Yesterday, I was driving home from 4:00pm Sunday Mass when it occurred to me that all I’d had up to that point was most of a 15-oz. mug of coffee with cream. When I got home and my brother and I discussed dinner plans—Ted planned to stop at Five Guys’ while running an errand—I said, “Don’t even worry about the calories; I’ve got most of my budget still available.” Then, as I was doing some things around the house, I thought briefly of setting the weight-loss program on the back burner. At times like this, you starve yourself out of absent-mindedness half the time and gorge yourself silly the other half. As well, we’re an Irish family; the alcohol will come out at some point.

But as I considered it, I thought of the many times over the last six months that my mother has said how much better I was looking and how proud she was that I was doing so well.
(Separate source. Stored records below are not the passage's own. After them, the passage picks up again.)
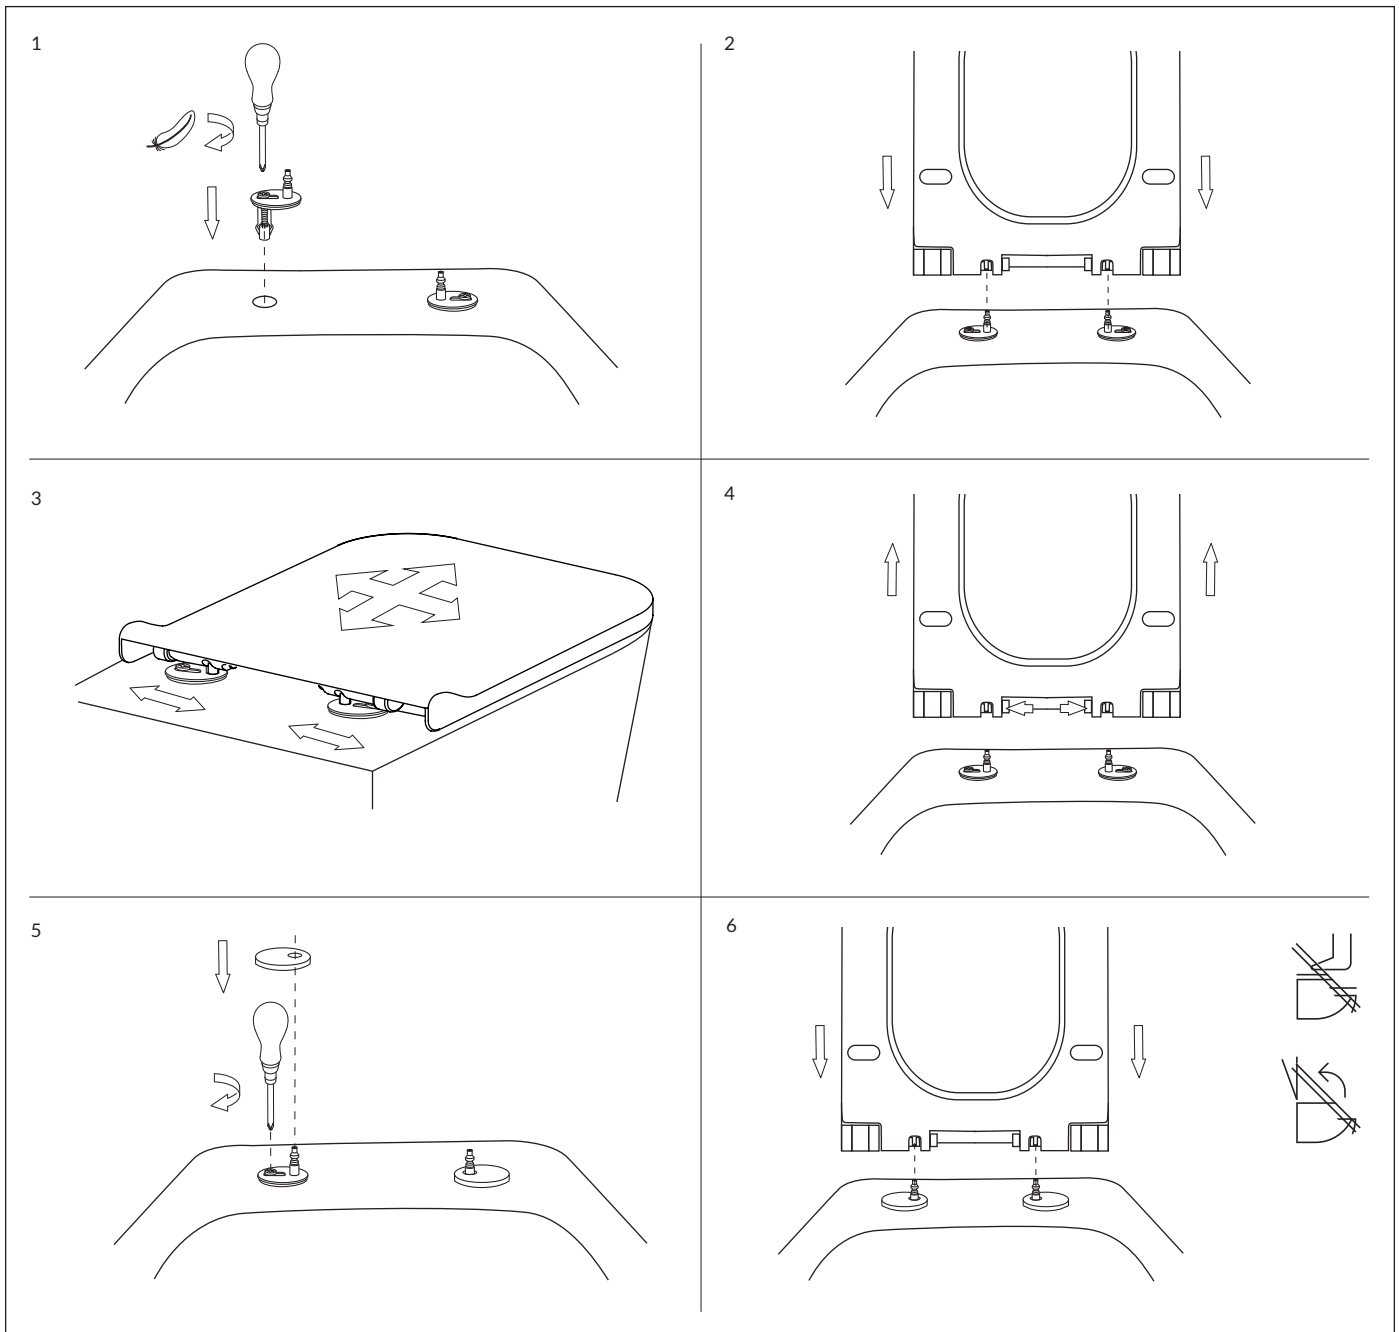

FONTANADE#

Installation and maintenance | Instrukcja montażu i konserwacji | Montage- und Wartungsanleitung | Notice de montage et d'entretien
Istruzioni di montaggio e manutenzione | Instrucțiuni de instalare și întreținere | Szerelési és karbantartási utasítás

Product care
Pielegnacja
Pflege
Soin
Cura
Întreținere
Ápolás
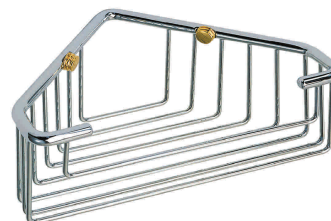

Portaescobillas
Pot balai à poser
WC brush holder
Toilettenbürstengarniture

0667

0265

0265 Porta piaçabas

Portaescobillas
Pot balai mural
WC brush holder
Toilettenbürstengarniture

0334

0334 Esponjeira de canto

Jabonera angular
Porte savon d'angle
Corner soap sponge basket
Eckenseifenablage

0434

0434 Esponjeira de canto

Jabonera angular
Porte flacon d'angle
Corner soap sponge basket
Eckenseifenablage

0190

0190 Espelho
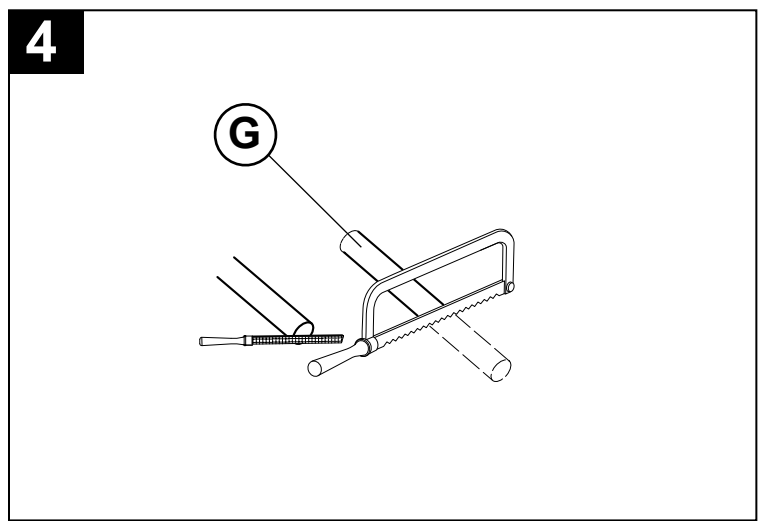

Geländer

Metallgeländer

Montageanleitung

Stückliste

A  5x	B  5x	C  5x25 10x	D  5x
E  5x	F  5x	G  Edelstahlrohr 10x	H  Holzrundstab 2X
I  10x	K  25x	L  M6x20 25x	
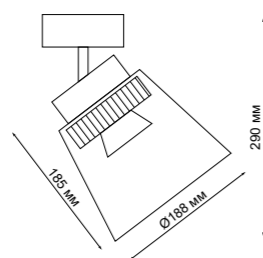

ARTIK

358644

358643 **NEW**
IP 20
Светильник накладной светодиодный
Длина провода 2 м
Корпус алюминий/плафон стекло/
рефлектор японский акрил
24 Вт 1LED COB 175-245 В
1800 Лм 4000 К
Цвет LED белый
Угол рассеивания 38°

ARTIK
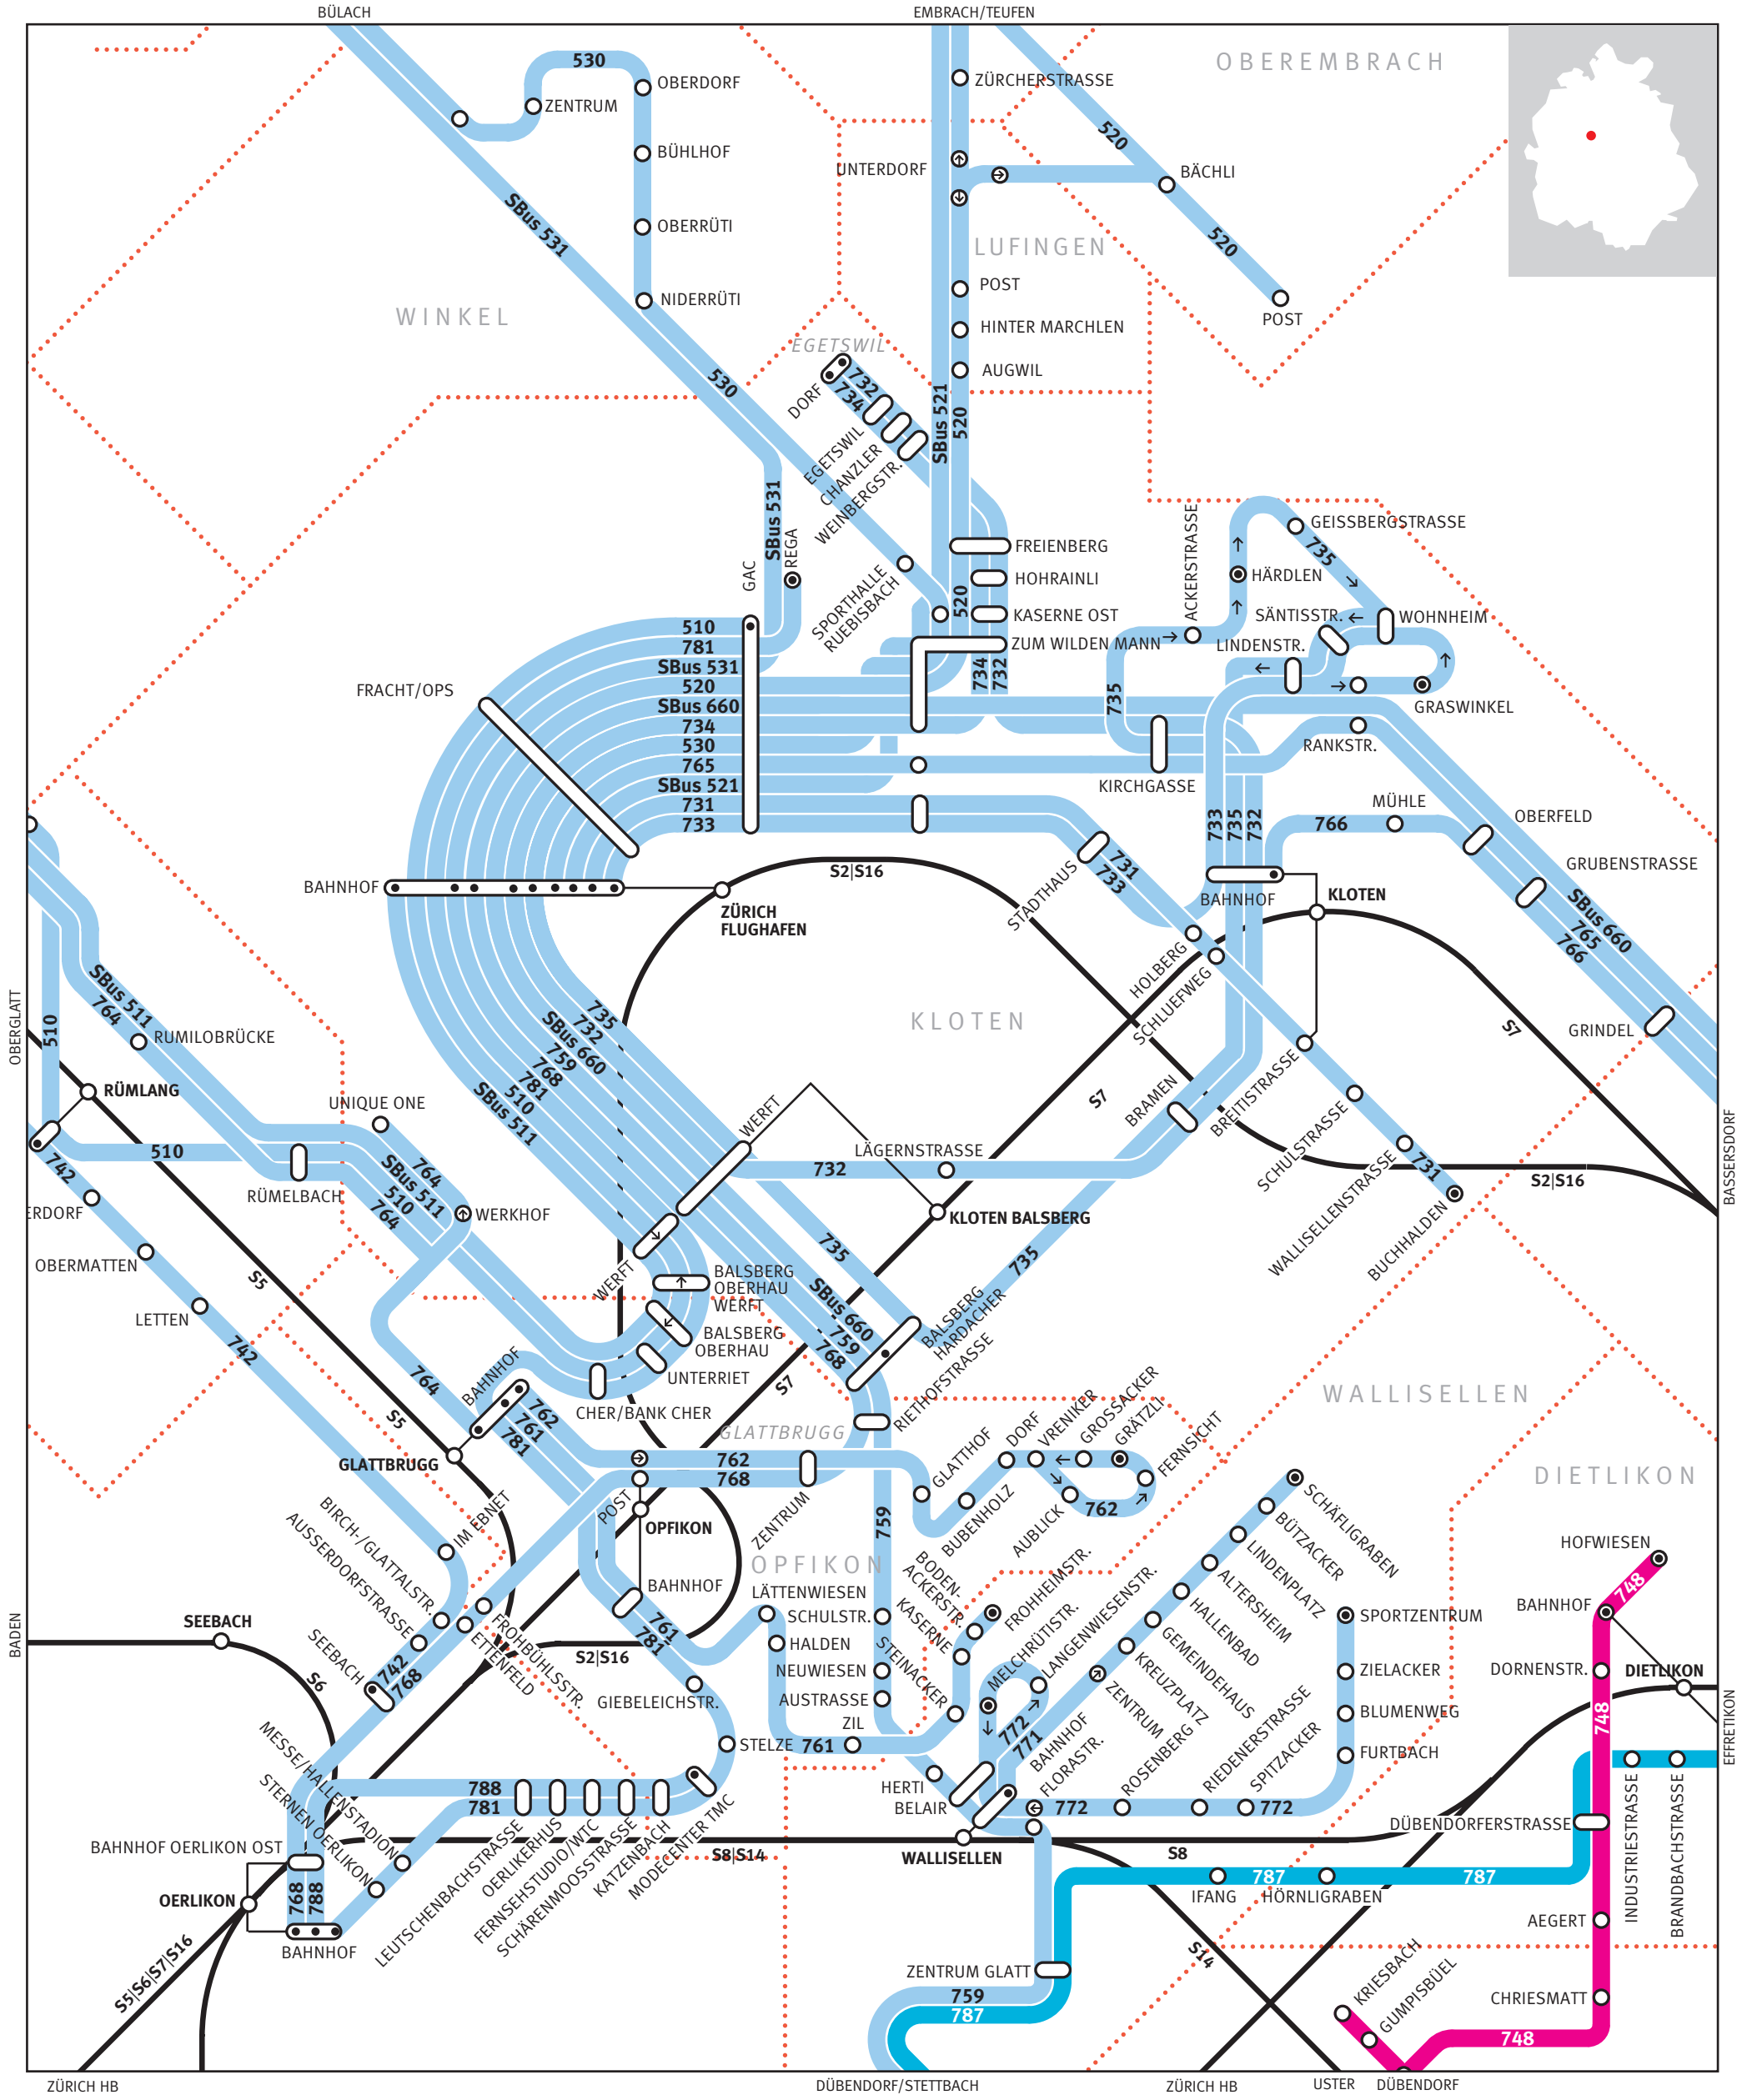

# ZVV Regionalnetz

ZVV-Contact  
0848 988 988  
www.zvv.ch

- 680 BUSSE
- S4 S-BAHNEN
- GEMEINDEGRENZE
- HALTESTELLE IN BEIDE RICHTUNGEN
- HALTESTELLE IN EINER RICHTUNG
- ENDHALTESTELLE
- ABENDAUSSTIEG AB 20 UHR HALT ZUM AUSSTIEGEN
- S-BAHN-HALTESTELLE/BAHNHOF
- UMSTIEGEHALTESTELLE BUS/BAHN
- AUSSERHALB VERBUNDGEBIET

And I can’t do it—I can’t just set the program aside, not even for one week. She would want me to keep plugging away, even through the sorrow that must eventually come. Food doesn’t love. Food doesn’t comfort. Part of this exercise is learning to take comfort and find satisfaction in ways other than by stuffing my belly. That includes when I lose the people I love.

I can’t promise there will be an update next week. The last act could be hours away, or it could be days away. And if our experience with my younger brother’s passing is any guide, it will probably be several days after Mom’s death before the coroner releases her body for (ugh) “final disposal.” And, after everyone else has gone home, I’ll have to find a way to get back on my own feet and build a new life not based on caring for someone who’s ill.

But when I started writing this post, purely on a whim, I had Alexa put on “Ob-La-Di, Ob-La-Dah” by The Beatles. Life will go on. I’ll grieve; I’ll miss Mom for the rest of my own life, just as I miss Dad, Bob, my two uncles Jim, my aunt Pat, and my grandmothers (I never really knew my grandfathers). However, I don’t think God’s done with me yet. There are still things to do, to see, and to say. And there’s still 75 pounds left to lose.

So if I’m not back next Monday, look for me the Monday after that.